# Cleaning Egg QUestion



## Alfred (May 9, 2013)

I have a couple of eggs that have caked mud on them. Is it alright to wipe them with a clean water rag prior to putting them in the incubator ? or will it mess them up? Of should I just put them in incubator dirty?


----------



## Jim (Sep 26, 2012)

Alfred said:


> I have a couple of eggs that have caked mud on them. Is it alright to wipe them with a clean water rag prior to putting them in the incubator ? or will it mess them up? Of should I just put them in incubator dirty?

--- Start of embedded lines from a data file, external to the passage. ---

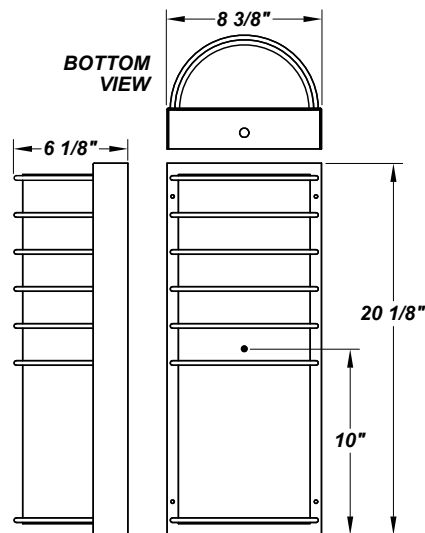

## FEATURES

- Steel Fascia w/ Textured Black Polyester Powder Coat Finish
- Luminous White 75% DR Acrylic Diffuser
- Steel Mounting Pan w/ Hi-Reflectance White Powder Coat Finish
- Aluminum Reflector
- Mounts Directly to 4" Junction Box (By Others)
- Constant Current
- Dimmable to 10% From 120V to 230V
- CSA Listed Wet Location
- Emergency Battery Available
- LED Light Fixture
- Mounting Hardware Included

## LINE DRAWING

LINE DRAWING NOT TO SCALE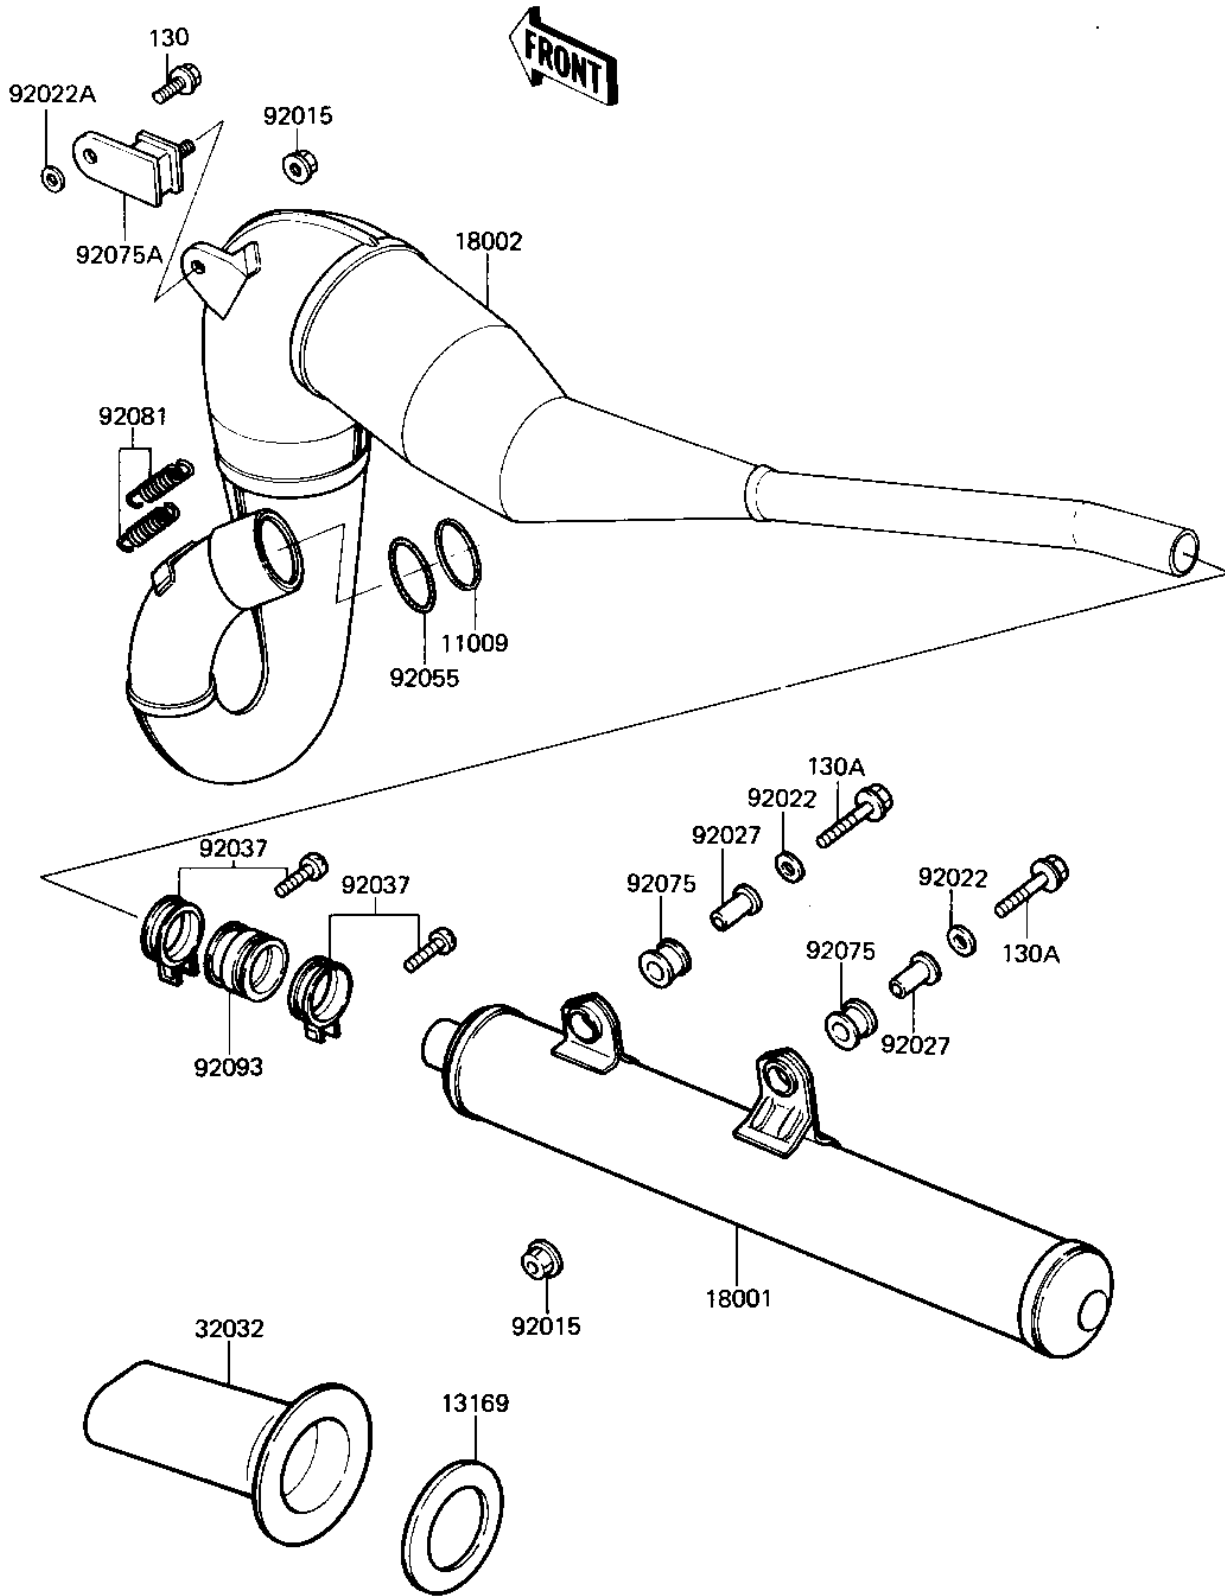

1982 KDX250 PARTS DIAGRAM

MUFFLER ('82 KDX250-B2)

R	N
111	
13	
181	
181	
321	
921	
921	
921	
921	
921	
921	
921	
921	
921	
921	
921	

1982 KDX250 PARTS LIST

MUFFLER ('82 KDX250-B2)

ITEM NAME	PART NUMBER	QUANTITY
GASKET,EXHAUST PIPE (Ref # 11009)	11009-1253	1
CHOKE PLATE (Ref # 13169)	13169-4008	1
MUFFLER (Ref # 18001)	18001-1363	1
BODY-COMP-MUFFLER (Ref # 18002)	18002-1200	1
CHOKE PIPE (Ref # 32032)	32032-4015	1
NUT-6MM (Ref # 92015)	92015-1078	1
WASHER,PLAIN (Ref # 92022)	92022-298	2
WASHER,PLAIN (Ref # 92022A)	92022-312	1
COLLAR,FUEL TANK FITT (Ref # 92027)	92027-1134	2
CLAMP,MUFFLER (Ref # 92037)	92037-177	2
"0" RING,55MM,MUFFLER (Ref # 92055)	92055-1057	1
DAMPER,MUFFLER (Ref # 92075)	92075-1196	2
DAMPER,MUFFLER (Ref # 92075A)	92075-1891	1
SPRING,MUFFLER (Ref # 92081)	92081-1452	3
DUST SHIELD,MUFFLER (Ref # 92093)	92093-1014	1
BOLT,FLANGED,6X12 (Ref # 130)	130G0612	1
BOLT,FLANGED,8X30 (Ref # 130A)	130G0830	2

Never put soiled ones in the bator, never wash before incubator, but mud....mabe you can take it off with sandpaper?


----------



## leviparker (Jun 13, 2013)

I had an egg that mud or crap on it in the incubator.. And it hatched fine.. I don't know of
Anything against it


----------



## Jim (Sep 26, 2012)

leviparker said:


> I had an egg that mud or crap on it in the incubator.. And it hatched fine.. I don't know of
> Anything against it


Good to hear that fact debunked as a myth!


----------



## fuzziebutt (Aug 7, 2012)

Jim said:


> Never put soiled ones in the bator, never wash before incubator, but mud....mabe you can take it off with sandpaper?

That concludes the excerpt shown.